If you use Jeff Moden's "DelimitedSplit8K" splitter (Which I have renamed here "fDelimitedSplit8K")
(Ref. Figure 21: The Final "New" Splitter Code, Ready for Testing)
to do the heavy lifting for the splits, the rest becomes fairly straightforward, using CROSS APPLY and WHERE to get the proper joining.

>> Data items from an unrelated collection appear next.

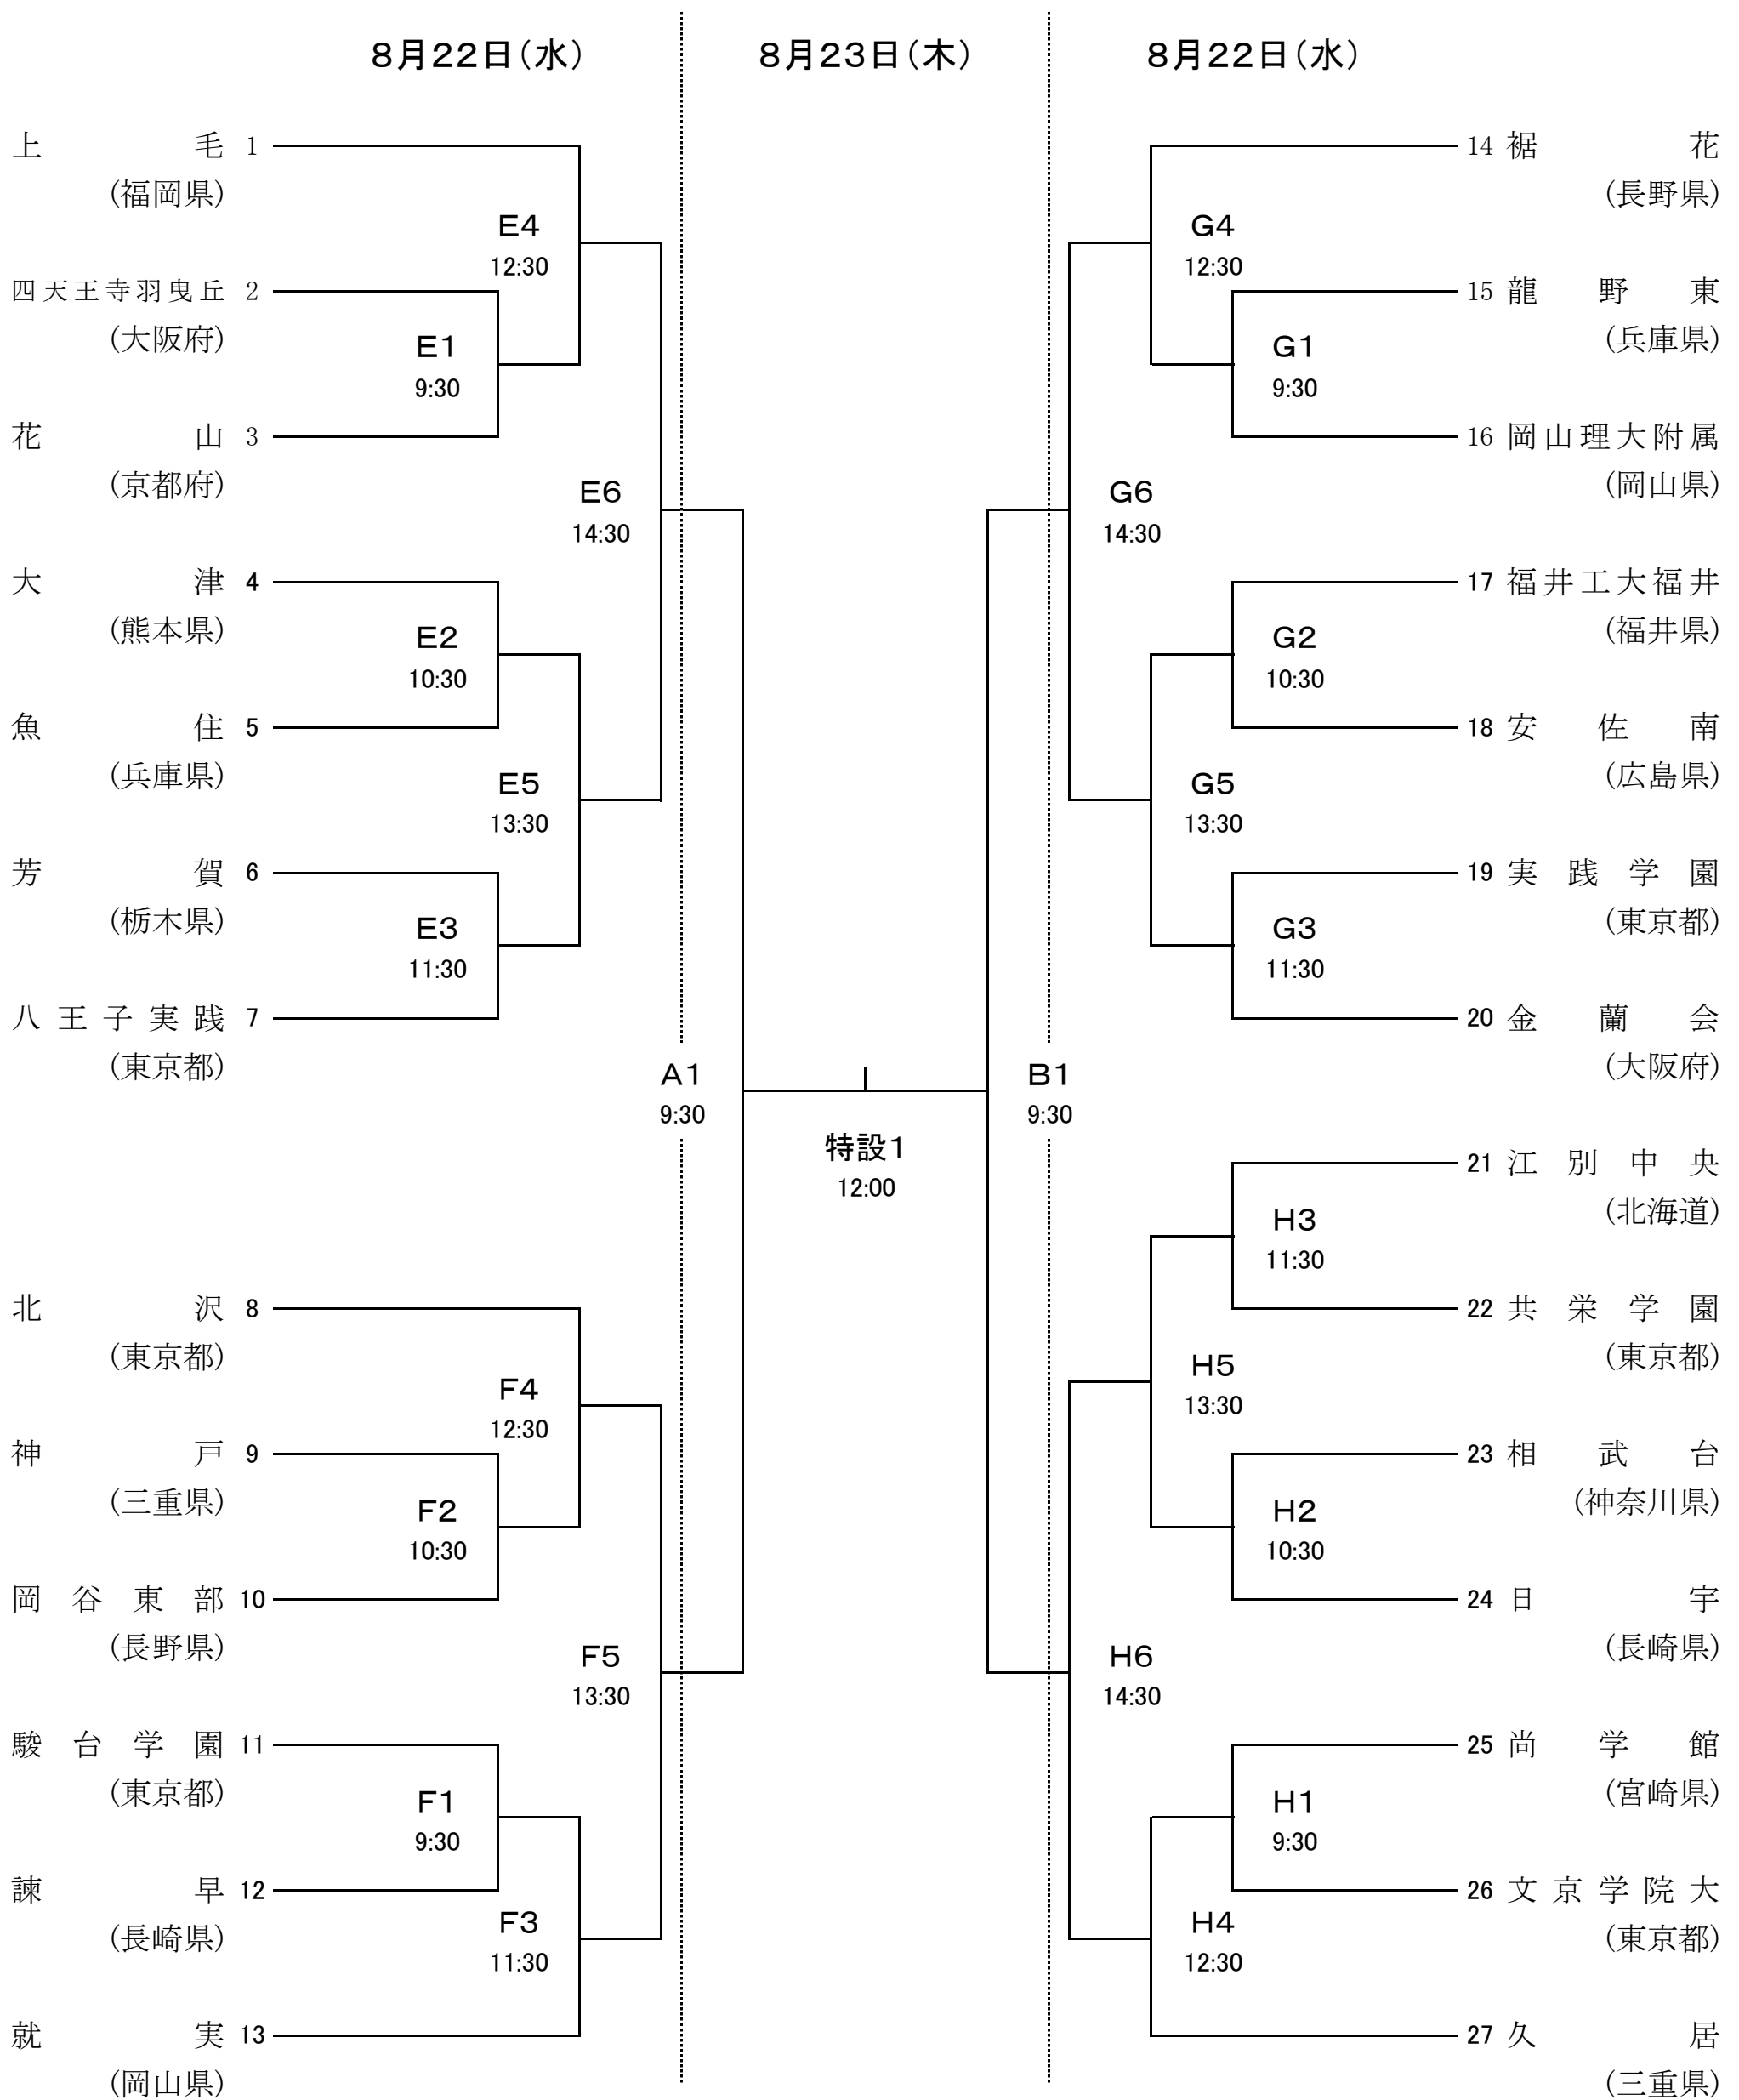

# 平成24年度全国中学校体育大会 第42回全日本中学校バレーボール選手権大会 女子決勝トーナメント組み合わせ

(会場) 国立代々木第一体育館  
国立代々木第二体育館  
大田区総合体育館

E・F・G コート  
H コート  
A・B・特設 コート

IF object_ID (N'tempdb..#tInputData') is not null
DROP TABLE #tInputData
CREATE TABLE #tInputData (
ID INT
PRIMARY KEY CLUSTERED -- Add IDENTITY if ID needs to be set at INSERT time
, FName VARCHAR (30)
, LName VARCHAR (30)
, Projects VARCHAR (4000)
, ProjDates VARCHAR (4000)
)
INSERT INTO #tInputData
( ID, FName, LName, Projects, ProjDates )
VALUES
( 1, 'John', 'Doe' , 'projA;projB;projC' , '20150701;20150801;20150901'),
( 2, 'Jane', 'Smith' , 'projD;;projC' , '20150701;;20150902'),
( 3, 'Lisa', 'Anderson' , 'projB;projC' , '20150801;20150903'),
( 4, 'Nancy', 'Johnson' , 'projB;projC;projE' , '20150601;20150822;20150904'),
( 5, 'Chris', 'Edwards' , 'projA' , '20150905')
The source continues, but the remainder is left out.